* **Material shown**:

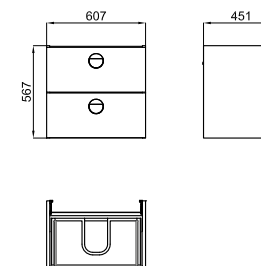

100318569 grey oak / chêne gris

NK CONCEPT. Wall hung vanity 65cm. 2 drawers with soft close. Two models of handles are included: round black and linear chrome.
Module suspendu de 65cm. 2 tiroirs avec verrouillage ralentie. Deux modèles de poignées sont inclus: noir arrondi et chromé linéaire.
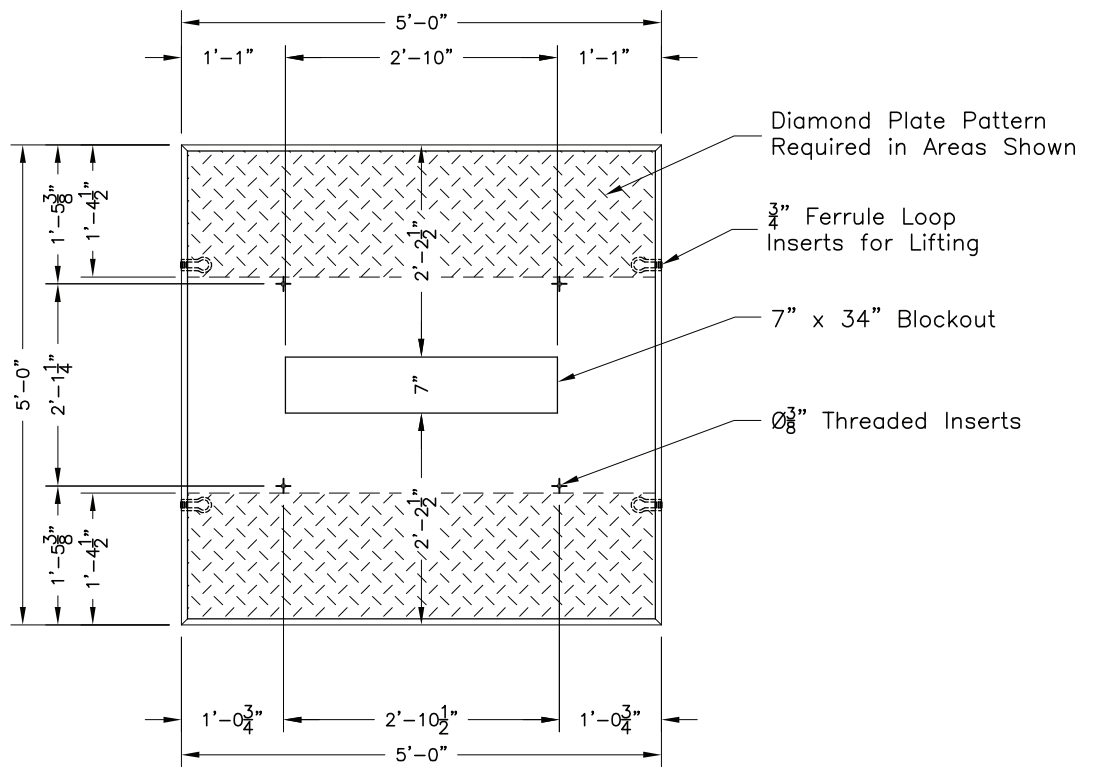

PADMOUNT
for 3M Cabinets

4220-GSP & 4220-KSP
 Weight = 1,450 lbs.

Padmount for 3M Cabinets

4220-GSP & 4220-KSP
 Weight = 1,450 lbs.
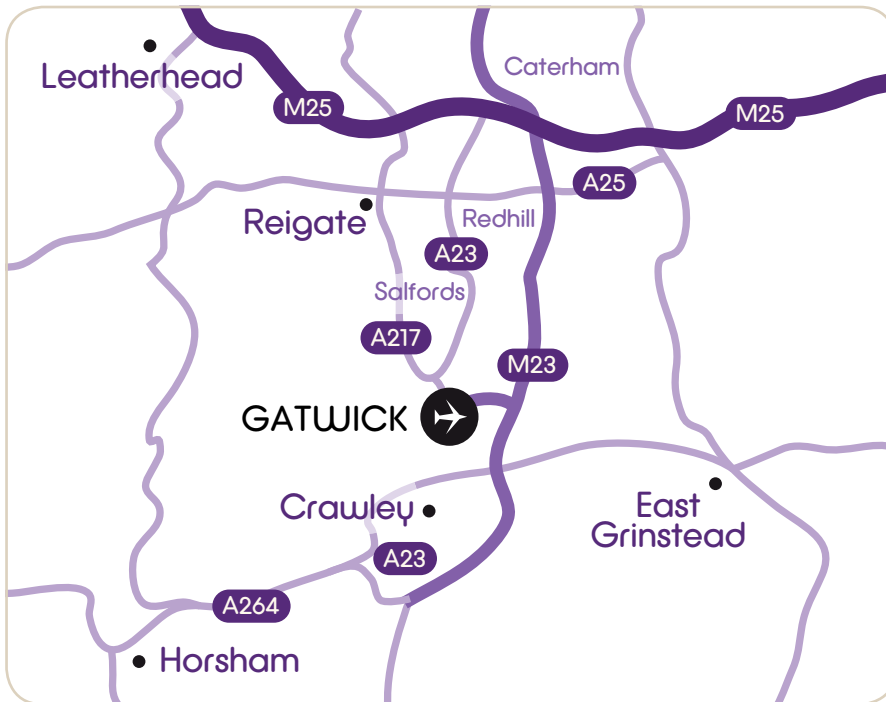

London Gatwick Airport - South Terminal

Address

YOTEL
London Gatwick Airport
South Terminal
Ground Floor
Arrivals Concourse
South Terminal
Gatwick Airport
West Sussex
RH6 0NP

Location

Yotel is located in International Arrivals in the South Terminal. Access the lifts next to Costa Coffee and go to the lower level. We are located next to the airline lounges.

Within South Terminal

From departures in South Terminal make your way to the International arrivals area. Access the lifts next to Costa Coffee and go to the lower level. We are located next to the airline lounges.

From arrivals at South Terminal come out of the exit after baggage reclaim ahead of you is a set of lift doors to the right of Costa Coffee.

From North terminal

Follow the signs to South Terminal and make your way to International Arrivals. Access the lifts next to Costa Coffee and go to the lower level. We are located next to the airline lounges.

From an international flight arriving in North Terminal use the airside transfer bus to the South Terminal and then follow the immigrations baggage reclaim and arrival signs. Make your way to International Arrivals. Access the lifts next to Costa Coffee and go to the lower level. We are located next to the airline lounges.

* **Exercise aim**:
Output the data above exactly, beginning at its first line and ending with the line that holds "Within South Terminal". Leave out the pictures and add nothing.

* **Result of the task**:
100318569 grey oak / chêne gris

NK CONCEPT. Wall hung vanity 65cm. 2 drawers with soft close. Two models of handles are included: round black and linear chrome.
Module suspendu de 65cm. 2 tiroirs avec verrouillage ralentie. Deux modèles de poignées sont inclus: noir arrondi et chromé linéaire.

PADMOUNT
for 3M Cabinets

4220-GSP & 4220-KSP
 Weight = 1,450 lbs.

Padmount for 3M Cabinets

4220-GSP & 4220-KSP
 Weight = 1,450 lbs.

London Gatwick Airport - South Terminal

Address

YOTEL
London Gatwick Airport
South Terminal
Ground Floor
Arrivals Concourse
South Terminal
Gatwick Airport
West Sussex
RH6 0NP

Location

Yotel is located in International Arrivals in the South Terminal. Access the lifts next to Costa Coffee and go to the lower level. We are located next to the airline lounges.

Within South Terminal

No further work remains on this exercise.